• [WHAT TO WORK ON]: Go over the entries below line by line, copying each one that contains the word "základny".

(Stored entries)
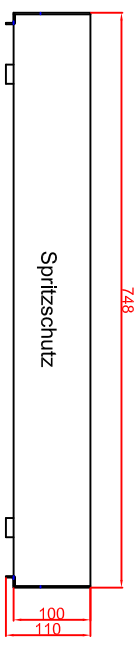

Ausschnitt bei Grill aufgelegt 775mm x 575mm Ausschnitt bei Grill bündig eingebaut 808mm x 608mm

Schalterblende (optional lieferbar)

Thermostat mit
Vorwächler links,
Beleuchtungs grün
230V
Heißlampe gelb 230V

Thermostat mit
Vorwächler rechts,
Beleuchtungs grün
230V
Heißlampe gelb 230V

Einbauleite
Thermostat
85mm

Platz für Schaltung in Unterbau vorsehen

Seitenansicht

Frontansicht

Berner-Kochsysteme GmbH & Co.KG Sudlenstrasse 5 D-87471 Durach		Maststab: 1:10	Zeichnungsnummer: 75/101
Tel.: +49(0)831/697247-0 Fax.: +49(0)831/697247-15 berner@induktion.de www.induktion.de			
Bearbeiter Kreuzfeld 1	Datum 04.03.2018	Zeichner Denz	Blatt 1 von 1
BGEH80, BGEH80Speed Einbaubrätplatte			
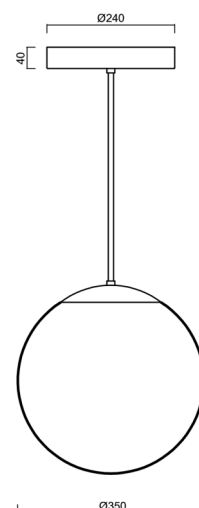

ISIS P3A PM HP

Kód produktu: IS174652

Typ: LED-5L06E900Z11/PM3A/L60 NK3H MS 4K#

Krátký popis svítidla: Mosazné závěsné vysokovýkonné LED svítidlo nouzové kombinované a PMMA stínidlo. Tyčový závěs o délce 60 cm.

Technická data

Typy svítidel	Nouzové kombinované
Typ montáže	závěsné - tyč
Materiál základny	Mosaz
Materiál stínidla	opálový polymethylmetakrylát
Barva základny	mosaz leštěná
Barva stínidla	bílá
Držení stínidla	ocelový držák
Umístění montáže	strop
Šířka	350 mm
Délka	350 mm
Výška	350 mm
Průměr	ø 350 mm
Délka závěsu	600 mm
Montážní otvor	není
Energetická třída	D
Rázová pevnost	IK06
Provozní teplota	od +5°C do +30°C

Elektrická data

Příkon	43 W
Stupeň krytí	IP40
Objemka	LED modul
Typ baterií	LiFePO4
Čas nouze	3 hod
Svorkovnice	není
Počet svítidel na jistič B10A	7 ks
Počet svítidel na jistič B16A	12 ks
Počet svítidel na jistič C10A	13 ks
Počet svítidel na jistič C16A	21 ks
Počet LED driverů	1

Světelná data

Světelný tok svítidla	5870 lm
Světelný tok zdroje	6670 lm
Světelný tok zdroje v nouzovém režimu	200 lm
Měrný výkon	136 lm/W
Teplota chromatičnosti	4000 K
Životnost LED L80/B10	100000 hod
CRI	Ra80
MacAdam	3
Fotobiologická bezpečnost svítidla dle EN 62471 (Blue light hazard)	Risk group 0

--

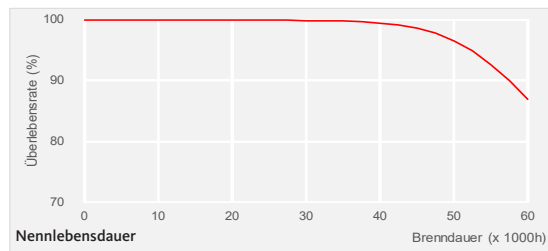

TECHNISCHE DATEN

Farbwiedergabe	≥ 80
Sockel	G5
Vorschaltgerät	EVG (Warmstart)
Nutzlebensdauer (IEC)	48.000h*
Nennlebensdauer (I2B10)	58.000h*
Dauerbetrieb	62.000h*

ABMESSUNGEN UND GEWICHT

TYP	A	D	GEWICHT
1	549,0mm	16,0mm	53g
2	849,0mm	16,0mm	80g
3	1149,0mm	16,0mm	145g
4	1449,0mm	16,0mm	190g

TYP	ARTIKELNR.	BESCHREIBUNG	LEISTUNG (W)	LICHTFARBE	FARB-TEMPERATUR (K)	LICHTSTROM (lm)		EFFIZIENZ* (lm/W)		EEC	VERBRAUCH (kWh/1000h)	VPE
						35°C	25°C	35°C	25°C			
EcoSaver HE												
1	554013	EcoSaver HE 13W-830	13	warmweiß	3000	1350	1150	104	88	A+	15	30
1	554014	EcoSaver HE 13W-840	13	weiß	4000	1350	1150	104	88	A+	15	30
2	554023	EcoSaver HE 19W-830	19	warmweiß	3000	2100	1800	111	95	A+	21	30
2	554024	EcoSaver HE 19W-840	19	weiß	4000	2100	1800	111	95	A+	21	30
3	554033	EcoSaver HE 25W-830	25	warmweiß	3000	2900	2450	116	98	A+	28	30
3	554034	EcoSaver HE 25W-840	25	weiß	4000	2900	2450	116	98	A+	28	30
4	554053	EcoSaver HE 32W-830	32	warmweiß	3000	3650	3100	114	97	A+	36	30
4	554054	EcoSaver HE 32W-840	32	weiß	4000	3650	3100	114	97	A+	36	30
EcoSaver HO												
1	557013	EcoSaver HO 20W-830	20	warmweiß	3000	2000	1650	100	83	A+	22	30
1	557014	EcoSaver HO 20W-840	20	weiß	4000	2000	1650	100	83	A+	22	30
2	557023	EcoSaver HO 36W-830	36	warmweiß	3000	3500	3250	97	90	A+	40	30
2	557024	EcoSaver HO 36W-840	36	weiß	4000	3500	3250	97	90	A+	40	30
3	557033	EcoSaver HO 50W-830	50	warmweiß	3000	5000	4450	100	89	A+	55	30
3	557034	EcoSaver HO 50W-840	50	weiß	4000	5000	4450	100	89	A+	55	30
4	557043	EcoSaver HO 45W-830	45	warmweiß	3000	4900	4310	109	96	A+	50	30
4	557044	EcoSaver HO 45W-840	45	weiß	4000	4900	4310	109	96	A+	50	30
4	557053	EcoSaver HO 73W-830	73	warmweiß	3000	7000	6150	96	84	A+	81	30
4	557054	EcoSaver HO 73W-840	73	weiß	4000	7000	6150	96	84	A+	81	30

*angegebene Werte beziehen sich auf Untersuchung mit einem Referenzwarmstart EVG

• [PROBLEM SOLUTION]:
Materiál základny	Mosaz
Barva základny	mosaz leštěná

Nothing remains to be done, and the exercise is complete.